» **EXERCISE PROMPT**:
Among the entries that follow, find every line with the word "refers" and copy it.
▬▬▬▬▬▬▬▬▬▬
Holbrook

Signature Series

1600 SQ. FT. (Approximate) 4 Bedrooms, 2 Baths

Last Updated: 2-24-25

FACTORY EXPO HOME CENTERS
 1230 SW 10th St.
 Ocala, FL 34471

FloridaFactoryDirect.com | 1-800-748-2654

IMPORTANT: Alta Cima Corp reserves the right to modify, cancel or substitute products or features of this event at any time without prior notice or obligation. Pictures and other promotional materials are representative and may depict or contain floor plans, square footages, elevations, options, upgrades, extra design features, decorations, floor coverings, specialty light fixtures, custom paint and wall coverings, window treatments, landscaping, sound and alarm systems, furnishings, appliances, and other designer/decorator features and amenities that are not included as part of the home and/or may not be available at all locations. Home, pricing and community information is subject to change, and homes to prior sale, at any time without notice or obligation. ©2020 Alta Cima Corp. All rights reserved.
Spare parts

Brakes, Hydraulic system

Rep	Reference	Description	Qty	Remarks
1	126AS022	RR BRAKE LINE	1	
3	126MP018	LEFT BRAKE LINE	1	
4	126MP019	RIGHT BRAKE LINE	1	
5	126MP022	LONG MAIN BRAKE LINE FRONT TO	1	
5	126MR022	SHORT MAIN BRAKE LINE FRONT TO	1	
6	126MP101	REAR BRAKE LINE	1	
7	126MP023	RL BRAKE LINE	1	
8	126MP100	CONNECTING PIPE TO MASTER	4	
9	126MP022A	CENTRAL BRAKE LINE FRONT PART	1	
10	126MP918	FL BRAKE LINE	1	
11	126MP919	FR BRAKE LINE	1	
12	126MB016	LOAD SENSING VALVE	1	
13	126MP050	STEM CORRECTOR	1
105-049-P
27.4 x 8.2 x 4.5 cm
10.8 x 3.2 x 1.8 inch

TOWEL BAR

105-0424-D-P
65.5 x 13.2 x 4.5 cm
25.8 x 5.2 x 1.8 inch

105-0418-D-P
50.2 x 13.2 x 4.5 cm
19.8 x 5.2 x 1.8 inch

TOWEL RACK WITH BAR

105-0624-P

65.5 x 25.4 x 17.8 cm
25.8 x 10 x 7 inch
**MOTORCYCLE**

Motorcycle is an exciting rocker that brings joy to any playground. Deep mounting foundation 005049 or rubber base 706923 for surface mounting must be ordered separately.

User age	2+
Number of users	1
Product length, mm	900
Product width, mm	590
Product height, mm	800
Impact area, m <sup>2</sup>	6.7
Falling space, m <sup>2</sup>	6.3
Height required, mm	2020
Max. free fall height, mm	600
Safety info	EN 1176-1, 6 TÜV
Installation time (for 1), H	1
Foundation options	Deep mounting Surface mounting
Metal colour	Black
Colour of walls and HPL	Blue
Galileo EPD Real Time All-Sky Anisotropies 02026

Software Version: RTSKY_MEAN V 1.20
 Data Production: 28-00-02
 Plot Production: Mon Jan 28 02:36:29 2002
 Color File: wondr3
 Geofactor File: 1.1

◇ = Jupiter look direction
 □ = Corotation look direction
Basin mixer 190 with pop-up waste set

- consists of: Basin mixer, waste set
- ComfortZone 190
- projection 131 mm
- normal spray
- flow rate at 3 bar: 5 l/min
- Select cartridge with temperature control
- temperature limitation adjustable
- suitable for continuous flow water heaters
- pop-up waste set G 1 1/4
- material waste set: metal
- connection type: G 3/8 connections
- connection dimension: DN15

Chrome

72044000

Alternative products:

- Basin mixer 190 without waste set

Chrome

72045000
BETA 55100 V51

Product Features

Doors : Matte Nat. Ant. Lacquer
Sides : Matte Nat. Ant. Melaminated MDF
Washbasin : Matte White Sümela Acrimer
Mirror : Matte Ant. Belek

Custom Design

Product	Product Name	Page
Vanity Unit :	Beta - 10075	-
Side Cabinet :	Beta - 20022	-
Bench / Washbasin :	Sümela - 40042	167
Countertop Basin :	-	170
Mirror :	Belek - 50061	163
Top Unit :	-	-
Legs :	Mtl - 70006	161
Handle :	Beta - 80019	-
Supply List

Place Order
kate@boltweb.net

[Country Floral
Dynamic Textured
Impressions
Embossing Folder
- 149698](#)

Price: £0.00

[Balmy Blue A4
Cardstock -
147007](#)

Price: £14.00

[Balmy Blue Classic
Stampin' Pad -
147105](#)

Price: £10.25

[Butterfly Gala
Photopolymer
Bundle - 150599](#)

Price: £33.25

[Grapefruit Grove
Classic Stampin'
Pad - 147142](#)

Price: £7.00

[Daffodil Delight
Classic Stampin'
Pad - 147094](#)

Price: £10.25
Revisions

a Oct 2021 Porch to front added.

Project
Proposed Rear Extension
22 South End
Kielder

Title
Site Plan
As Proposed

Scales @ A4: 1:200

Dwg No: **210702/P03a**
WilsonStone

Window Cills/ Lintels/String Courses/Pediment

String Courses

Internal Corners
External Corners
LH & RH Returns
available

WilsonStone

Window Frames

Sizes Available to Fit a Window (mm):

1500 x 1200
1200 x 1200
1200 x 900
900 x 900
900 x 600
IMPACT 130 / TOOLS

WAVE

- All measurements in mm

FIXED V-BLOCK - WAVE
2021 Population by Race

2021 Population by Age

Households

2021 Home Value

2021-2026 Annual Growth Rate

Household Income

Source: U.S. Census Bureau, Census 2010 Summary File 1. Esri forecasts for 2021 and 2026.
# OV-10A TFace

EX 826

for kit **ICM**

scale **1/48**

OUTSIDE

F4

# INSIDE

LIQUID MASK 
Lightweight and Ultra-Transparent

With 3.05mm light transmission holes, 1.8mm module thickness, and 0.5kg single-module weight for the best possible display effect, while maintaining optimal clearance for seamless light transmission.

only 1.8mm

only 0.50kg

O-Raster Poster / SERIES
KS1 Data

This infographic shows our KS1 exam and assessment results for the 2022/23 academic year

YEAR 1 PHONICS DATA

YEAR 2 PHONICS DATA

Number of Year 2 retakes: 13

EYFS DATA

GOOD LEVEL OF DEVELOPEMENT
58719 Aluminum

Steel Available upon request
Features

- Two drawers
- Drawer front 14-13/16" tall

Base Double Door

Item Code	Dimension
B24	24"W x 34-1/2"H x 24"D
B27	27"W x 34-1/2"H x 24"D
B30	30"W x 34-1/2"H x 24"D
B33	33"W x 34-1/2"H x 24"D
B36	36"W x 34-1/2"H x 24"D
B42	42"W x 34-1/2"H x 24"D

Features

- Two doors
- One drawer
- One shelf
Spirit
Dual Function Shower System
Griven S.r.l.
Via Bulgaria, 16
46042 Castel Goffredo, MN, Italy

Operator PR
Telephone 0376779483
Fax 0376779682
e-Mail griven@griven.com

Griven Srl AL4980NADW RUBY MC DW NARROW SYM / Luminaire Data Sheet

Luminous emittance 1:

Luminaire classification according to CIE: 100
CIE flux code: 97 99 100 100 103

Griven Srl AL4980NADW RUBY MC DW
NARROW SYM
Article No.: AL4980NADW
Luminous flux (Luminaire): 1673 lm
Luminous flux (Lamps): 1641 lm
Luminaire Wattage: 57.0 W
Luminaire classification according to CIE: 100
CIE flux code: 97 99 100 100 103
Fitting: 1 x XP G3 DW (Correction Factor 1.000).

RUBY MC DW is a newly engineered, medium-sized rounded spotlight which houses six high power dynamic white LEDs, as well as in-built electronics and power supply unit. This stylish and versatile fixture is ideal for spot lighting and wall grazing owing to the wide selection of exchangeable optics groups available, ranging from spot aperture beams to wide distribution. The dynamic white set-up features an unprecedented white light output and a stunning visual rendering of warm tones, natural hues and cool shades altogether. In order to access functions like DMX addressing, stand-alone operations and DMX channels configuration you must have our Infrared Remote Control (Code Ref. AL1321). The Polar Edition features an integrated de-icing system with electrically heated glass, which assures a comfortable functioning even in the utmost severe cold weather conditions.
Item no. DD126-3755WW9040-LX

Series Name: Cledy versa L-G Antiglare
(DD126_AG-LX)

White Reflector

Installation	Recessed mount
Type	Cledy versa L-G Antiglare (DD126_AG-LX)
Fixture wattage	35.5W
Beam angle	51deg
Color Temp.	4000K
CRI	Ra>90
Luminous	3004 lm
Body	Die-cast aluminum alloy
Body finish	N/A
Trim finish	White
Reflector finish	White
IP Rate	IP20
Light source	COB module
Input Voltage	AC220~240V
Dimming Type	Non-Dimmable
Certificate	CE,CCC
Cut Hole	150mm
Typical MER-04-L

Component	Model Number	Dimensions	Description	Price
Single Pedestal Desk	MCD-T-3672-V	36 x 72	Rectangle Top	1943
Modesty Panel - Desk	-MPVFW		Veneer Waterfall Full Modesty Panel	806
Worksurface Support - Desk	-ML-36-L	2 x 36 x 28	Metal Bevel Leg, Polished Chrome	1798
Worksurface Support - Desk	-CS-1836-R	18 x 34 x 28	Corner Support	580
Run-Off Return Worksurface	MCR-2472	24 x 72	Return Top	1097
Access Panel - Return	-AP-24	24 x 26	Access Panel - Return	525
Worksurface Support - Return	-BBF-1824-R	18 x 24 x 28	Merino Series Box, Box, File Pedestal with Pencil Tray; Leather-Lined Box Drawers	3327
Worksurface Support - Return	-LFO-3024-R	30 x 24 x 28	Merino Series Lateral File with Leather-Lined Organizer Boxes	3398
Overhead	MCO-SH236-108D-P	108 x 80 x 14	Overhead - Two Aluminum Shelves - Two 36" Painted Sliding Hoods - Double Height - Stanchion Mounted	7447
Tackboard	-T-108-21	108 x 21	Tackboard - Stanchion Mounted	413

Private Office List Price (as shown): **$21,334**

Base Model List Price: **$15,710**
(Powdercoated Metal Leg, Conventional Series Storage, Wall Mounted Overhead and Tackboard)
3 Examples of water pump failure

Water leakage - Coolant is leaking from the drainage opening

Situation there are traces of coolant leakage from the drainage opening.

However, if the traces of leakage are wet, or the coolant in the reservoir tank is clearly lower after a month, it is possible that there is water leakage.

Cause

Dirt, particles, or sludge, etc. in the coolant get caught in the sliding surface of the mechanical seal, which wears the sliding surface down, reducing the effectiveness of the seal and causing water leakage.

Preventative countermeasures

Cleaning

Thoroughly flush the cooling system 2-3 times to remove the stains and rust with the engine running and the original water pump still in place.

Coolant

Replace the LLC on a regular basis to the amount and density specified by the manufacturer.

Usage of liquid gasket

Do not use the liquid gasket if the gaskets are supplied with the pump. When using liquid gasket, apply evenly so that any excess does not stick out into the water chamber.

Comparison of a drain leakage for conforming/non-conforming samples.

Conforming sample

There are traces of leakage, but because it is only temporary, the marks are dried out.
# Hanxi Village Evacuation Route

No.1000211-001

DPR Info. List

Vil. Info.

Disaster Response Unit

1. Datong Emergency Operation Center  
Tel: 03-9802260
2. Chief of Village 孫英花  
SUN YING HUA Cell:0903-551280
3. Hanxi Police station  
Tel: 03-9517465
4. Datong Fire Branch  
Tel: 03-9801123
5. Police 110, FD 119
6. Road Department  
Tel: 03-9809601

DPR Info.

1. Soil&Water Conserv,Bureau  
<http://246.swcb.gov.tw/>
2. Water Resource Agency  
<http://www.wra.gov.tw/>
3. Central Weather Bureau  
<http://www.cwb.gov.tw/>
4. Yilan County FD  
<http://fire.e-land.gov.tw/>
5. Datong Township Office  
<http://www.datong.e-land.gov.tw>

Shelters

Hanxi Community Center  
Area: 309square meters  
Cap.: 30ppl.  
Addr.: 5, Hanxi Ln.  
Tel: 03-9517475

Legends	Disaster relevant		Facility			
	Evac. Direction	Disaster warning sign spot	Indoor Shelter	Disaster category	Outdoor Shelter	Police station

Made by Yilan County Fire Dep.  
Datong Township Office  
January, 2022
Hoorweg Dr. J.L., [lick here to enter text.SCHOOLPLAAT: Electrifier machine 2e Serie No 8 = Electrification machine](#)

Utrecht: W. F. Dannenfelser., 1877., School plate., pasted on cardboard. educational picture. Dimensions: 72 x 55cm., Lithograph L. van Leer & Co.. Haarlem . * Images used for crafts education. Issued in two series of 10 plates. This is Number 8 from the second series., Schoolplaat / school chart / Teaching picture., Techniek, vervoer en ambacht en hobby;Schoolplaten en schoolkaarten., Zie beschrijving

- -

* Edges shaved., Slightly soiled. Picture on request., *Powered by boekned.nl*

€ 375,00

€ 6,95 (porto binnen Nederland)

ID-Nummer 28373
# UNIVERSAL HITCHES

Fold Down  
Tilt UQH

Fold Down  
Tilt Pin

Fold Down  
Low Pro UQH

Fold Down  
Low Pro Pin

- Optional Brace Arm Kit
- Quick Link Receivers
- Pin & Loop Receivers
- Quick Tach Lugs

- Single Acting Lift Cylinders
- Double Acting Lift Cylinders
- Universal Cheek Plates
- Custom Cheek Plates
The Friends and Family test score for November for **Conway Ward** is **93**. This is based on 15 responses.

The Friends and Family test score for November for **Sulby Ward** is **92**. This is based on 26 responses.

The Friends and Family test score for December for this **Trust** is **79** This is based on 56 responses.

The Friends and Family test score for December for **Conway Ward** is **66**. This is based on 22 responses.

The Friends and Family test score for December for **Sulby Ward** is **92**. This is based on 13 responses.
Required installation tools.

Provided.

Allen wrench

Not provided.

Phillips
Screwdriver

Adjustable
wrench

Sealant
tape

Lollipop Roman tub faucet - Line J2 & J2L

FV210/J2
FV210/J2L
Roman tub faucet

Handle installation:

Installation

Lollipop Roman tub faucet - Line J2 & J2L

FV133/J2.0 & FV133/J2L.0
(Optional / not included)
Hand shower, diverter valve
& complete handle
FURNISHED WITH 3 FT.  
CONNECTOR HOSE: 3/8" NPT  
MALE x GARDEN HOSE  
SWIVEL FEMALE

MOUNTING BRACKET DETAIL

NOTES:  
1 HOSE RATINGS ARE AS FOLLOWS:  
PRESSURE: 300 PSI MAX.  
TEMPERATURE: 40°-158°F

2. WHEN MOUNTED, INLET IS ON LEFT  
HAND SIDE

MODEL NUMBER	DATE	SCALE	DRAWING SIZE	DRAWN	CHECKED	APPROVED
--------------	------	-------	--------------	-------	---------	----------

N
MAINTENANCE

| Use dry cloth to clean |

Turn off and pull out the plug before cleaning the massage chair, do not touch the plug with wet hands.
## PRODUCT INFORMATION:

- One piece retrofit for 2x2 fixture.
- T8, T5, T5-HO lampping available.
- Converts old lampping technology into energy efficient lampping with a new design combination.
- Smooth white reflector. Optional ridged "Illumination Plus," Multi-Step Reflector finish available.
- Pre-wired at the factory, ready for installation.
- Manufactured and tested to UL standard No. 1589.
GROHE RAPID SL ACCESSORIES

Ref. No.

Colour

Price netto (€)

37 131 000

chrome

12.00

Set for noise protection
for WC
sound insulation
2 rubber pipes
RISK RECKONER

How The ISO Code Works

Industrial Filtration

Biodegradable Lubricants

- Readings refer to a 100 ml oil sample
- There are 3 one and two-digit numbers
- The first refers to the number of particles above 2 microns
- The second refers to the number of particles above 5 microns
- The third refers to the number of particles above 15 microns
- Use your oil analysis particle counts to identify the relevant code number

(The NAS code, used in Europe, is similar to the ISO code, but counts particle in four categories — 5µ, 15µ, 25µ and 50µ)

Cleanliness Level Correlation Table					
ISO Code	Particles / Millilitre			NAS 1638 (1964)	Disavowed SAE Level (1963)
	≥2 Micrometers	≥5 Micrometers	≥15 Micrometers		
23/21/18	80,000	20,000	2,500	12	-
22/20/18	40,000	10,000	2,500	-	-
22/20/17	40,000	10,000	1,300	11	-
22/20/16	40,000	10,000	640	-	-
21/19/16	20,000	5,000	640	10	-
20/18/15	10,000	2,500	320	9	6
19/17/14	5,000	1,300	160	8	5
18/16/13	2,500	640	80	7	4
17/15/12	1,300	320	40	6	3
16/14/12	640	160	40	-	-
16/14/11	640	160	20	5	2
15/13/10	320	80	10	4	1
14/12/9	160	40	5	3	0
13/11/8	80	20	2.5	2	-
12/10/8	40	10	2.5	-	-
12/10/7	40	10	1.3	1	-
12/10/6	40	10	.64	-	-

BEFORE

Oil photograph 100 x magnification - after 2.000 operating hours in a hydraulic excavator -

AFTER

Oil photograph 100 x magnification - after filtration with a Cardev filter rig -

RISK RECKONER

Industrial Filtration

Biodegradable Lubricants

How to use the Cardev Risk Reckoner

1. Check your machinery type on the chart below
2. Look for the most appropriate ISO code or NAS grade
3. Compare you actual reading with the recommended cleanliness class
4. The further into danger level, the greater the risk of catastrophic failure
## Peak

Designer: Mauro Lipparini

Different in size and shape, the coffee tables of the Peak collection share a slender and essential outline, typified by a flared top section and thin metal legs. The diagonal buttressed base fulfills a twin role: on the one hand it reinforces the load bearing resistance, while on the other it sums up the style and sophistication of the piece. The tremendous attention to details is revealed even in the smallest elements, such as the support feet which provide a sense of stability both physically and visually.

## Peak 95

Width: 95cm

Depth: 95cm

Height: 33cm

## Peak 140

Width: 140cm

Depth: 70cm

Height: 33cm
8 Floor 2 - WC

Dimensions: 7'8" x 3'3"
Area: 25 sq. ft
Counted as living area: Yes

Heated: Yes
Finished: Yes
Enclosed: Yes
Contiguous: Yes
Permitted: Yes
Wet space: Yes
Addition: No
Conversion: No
▬▬▬▬▬▬▬▬▬▬
» **EXPECTED ANSWER**:
- The first refers to the number of particles above 2 microns
- The second refers to the number of particles above 5 microns
- The third refers to the number of particles above 15 microns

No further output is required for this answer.